Even though other pathogens may be present, the three microorganisms
named here are those that have been most commonly associated with
recent outbreaks from the consumption of raw spinach or lettuce (Ref.
47).
Data and information relevant to microbiological considerations
presented in the petition included published studies of radiation-
induced reductions in levels of different microorganisms in a variety
of fruits and vegetables under different conditions of irradiation.
Some of these studies also investigated the use of irradiation in
combination with other antimicrobial treatments. FDA has evaluated the
information in the petition, along with other data and information in
its files and in the published literature in assessing the
microbiological issues presented by the petitioner.
There is a large body of work regarding the radiation sensitivities
of non-pathogenic food spoilage microorganisms and pathogenic foodborne
microorganisms. Generally, the common spoilage organisms such as
Pseudomonas and the important pathogens in or on leafy greens are quite
sensitive to the effects of ionizing radiation. Information in the
petition and other information in FDA files shows that E. coli O157:H7
is highly sensitive to ionizing radiation, with published
D10 values\14\ ranging from 0.12 to 0.32 kGy, depending on
the specific food matrix, physical state of the food, temperature, and
other factors. Control of contaminating Salmonella serovars or Listeria
spp. generally requires higher doses than for E. coli O157:H7. This is
shown by the higher D10 values which are in the range of
0.16 to 0.65 kGy, again, depending on the specific food, physical
state, temperature, and other factors (Refs. 48 to 51).

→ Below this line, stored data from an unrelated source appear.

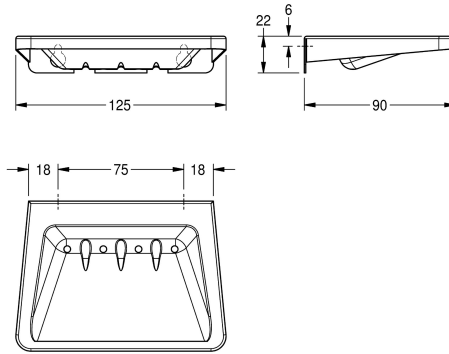

KWC

Półka na mydło

Modell-Linie: ACCESSOIRES | BS646

Akcesoria łazienkowe | Półki

KWC-No.

2000056910

Z otworami odpływowymi, wymiary 125 x 22 x 90 mm (szer. x wys. x głęb.)

Mydelniczka, montaż natynkowy. Stal szlachetna, powierzchnia szlifowana matowa, grubość materiału 1,0 mm. Wytłoczone zagłębienie na mydło. W komplecie: wkręty ze stali szlachetnej i

kołki rozporowe.

Wymiary (szer. x wys. x głęb.): 125 x 22 x 90 mm

Dane techniczne

Materiał	Stal szlachetna
Kod materiałowy	1.4301
Grubość materiału	1 mm
Łączna głębokość	90 mm
Łączna wysokość	22 mm
Łączna szerokość	125 mm
Wykończenie powierzchni	Matowe
Rodzaj mocowania	Przykręcony
Rodzaj montażu	Montaż naścienny

Materiał	Stal szlachetna
Kod materiałowy	1.4301
Grubość materiału	1 mm
Łączna głębokość	90 mm
Łączna wysokość	22 mm
Łączna szerokość	125 mm
Wykończenie powierzchni	Matowe
Rodzaj mocowania	Przykręcony
Rodzaj montażu	Montaż naścienny

---------------------------------------------------------------------------
\14\ D10 is the absorbed dose of radiation required
to reduce a bacterial population by 90 percent.
---------------------------------------------------------------------------
Several recent studies have focused on the effects of ionizing
radiation on pathogen levels in lettuce and spinach, specifically. In a
series of studies by one group of researchers, the average
D10 values for E coli O157:H7 and L. monocytogenes were
reported to be 0.1 kGy and 0.2 kGy, respectively and the D10
value for Salmonella reported to be ca. 0.25-0.3, depending on the
lettuce
[[Page 49599]]
type (Refs. 52 and 53). In another study, treatment with ionizing
radiation at a dose of 1.5 kGy produced a 4-log10 reduction
in colony-forming units (CFU) on romaine lettuce and a 3-
log10 reduction in CFU on baby spinach leaves (Ref. 54).
Another recent study examined the effects of irradiation on bagged,
ready-to-eat spinach leaves inoculated with E. coli O157:H7 and found
that, for single leaves, doses as low as 0.9 kGy resulted in a 5- to 6-
log10 reduction in the levels of this pathogen, while a dose
of 1.2 kGy resulted in its reduction below the limits of detection of
the test (Ref. 39). Collectively, these studies, together with earlier
work, establish that levels of E. coli O157:H7, L. monocytogenes, and
Salmonella serovars in or on iceberg lettuce or spinach will be reduced
by irradiation at dose levels of 0.1 to 1.5 kGy, with the largest
reductions occurring at the higher dose levels.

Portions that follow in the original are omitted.